*What you have to do*
Compute how many lines below contain the word "RING" and respond with that number only.

[Data extracted from a collection]

----------------------------------------

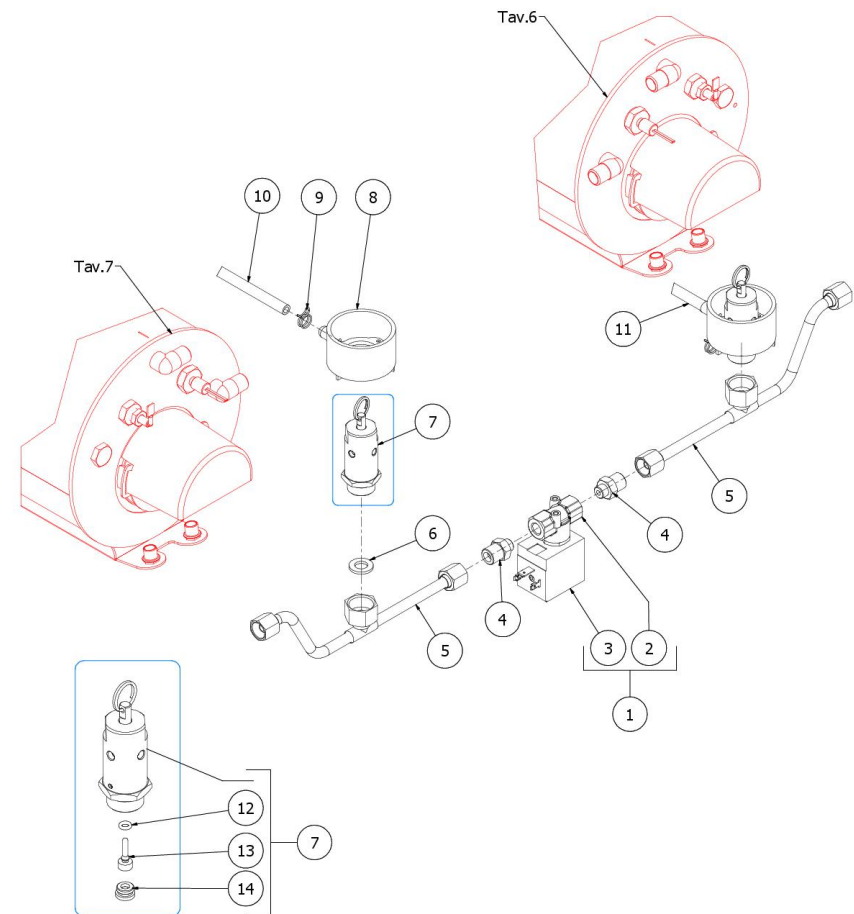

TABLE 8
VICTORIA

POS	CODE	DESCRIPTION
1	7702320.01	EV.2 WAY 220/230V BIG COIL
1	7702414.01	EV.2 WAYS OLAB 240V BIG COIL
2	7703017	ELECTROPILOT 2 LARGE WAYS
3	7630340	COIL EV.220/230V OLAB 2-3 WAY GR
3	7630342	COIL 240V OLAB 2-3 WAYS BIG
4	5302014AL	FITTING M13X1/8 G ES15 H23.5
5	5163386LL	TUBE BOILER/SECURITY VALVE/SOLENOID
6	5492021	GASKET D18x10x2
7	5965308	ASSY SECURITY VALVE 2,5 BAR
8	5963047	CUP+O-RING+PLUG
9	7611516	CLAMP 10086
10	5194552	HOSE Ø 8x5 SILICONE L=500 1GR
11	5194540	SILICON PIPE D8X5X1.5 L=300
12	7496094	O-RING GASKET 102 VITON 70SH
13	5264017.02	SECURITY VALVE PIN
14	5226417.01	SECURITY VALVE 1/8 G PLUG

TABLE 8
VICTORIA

----------------------------------------

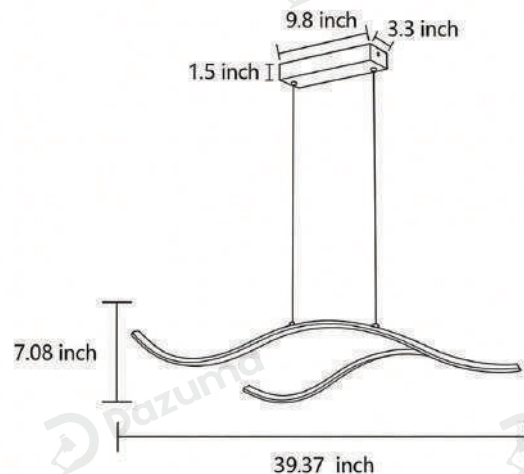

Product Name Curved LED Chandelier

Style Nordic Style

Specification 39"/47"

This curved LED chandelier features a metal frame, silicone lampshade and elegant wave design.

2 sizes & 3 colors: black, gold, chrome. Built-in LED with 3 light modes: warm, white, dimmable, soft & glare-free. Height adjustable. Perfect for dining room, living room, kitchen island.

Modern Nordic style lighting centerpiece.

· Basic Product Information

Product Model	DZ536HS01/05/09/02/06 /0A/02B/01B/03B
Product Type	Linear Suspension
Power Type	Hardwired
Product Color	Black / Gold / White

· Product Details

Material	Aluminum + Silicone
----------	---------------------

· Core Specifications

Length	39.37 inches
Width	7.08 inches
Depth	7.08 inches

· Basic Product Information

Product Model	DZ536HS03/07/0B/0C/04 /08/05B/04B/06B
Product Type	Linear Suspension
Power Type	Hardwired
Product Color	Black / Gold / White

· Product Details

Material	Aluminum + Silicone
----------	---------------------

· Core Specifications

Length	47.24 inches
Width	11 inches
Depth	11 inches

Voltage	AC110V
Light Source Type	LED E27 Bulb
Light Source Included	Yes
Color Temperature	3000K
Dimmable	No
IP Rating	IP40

----------------------------------------

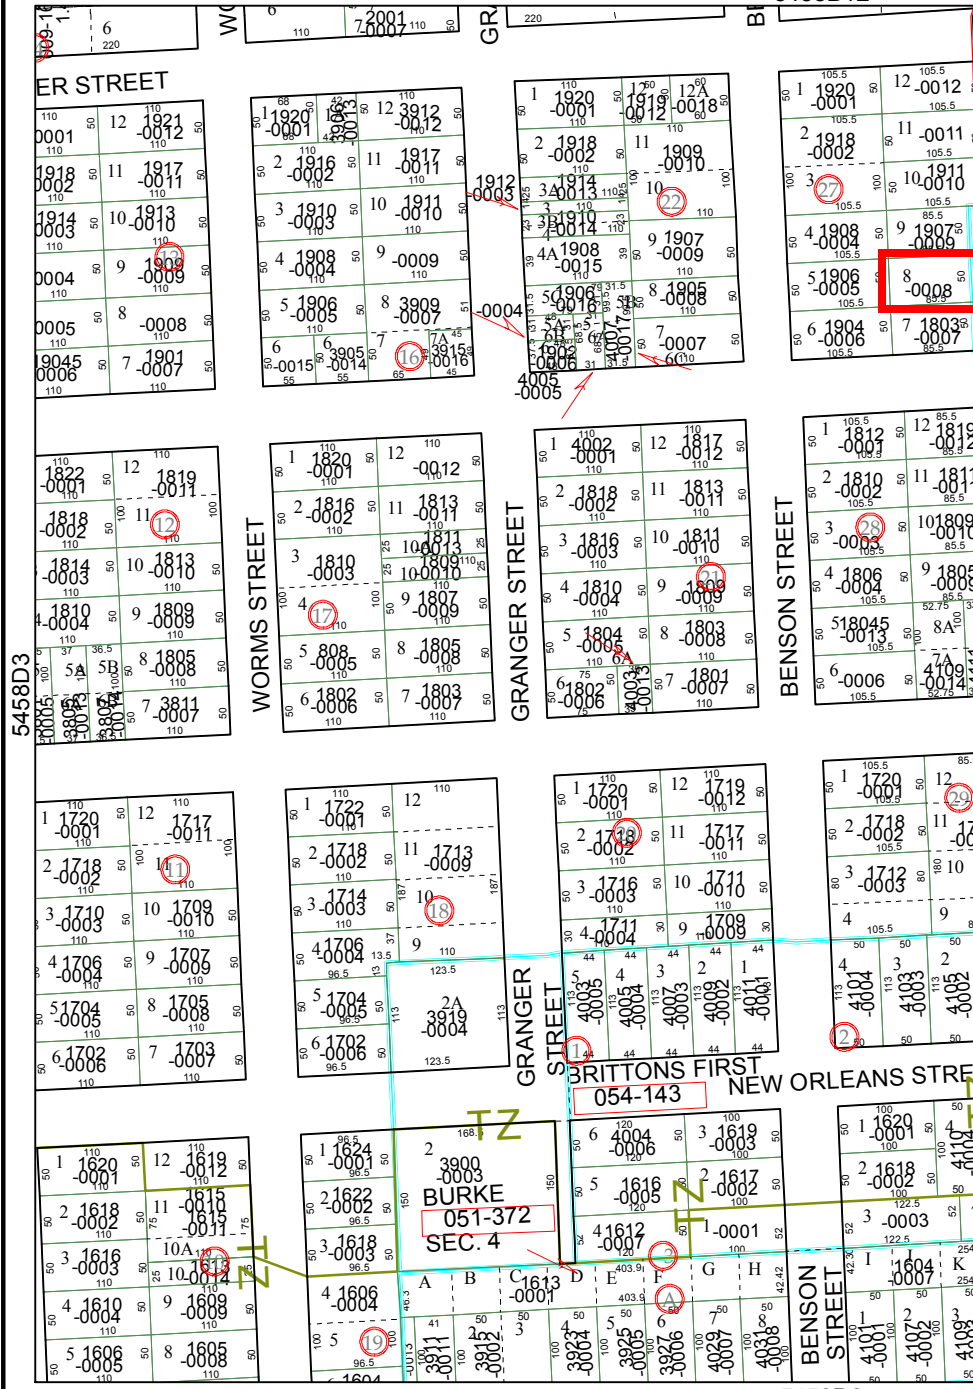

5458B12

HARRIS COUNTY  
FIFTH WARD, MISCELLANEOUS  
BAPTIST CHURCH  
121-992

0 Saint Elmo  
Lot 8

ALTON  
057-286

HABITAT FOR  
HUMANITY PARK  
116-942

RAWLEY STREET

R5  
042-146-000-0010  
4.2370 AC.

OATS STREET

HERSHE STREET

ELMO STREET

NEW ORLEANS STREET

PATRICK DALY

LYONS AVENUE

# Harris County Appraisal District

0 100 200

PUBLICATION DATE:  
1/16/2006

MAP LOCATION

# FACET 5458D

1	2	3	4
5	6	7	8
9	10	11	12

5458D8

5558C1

----------------------------------------

*Your response*
2